*Provided information*.
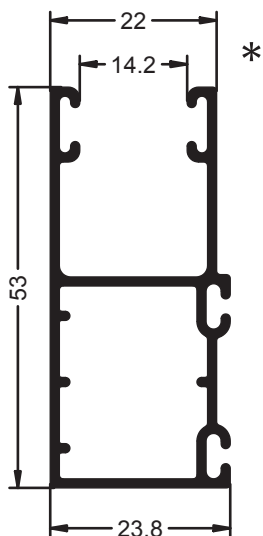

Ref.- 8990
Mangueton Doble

---

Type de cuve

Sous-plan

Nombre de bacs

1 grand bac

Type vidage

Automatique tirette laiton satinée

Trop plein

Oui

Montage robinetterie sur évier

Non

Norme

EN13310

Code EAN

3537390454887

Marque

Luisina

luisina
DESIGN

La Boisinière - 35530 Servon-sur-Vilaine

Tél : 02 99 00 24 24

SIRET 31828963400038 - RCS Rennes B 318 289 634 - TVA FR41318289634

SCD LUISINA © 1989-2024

*Work request*.
When you reach the line containing "Montage robinetterie sur évier" in the data above, start copying exactly, and stop after the line containing "SCD LUISINA © 1989-2024".

*Output of the task*.
Montage robinetterie sur évier

Non

Norme

EN13310

Code EAN

3537390454887

Marque

Luisina

luisina
DESIGN

La Boisinière - 35530 Servon-sur-Vilaine

Tél : 02 99 00 24 24

SIRET 31828963400038 - RCS Rennes B 318 289 634 - TVA FR41318289634

SCD LUISINA © 1989-2024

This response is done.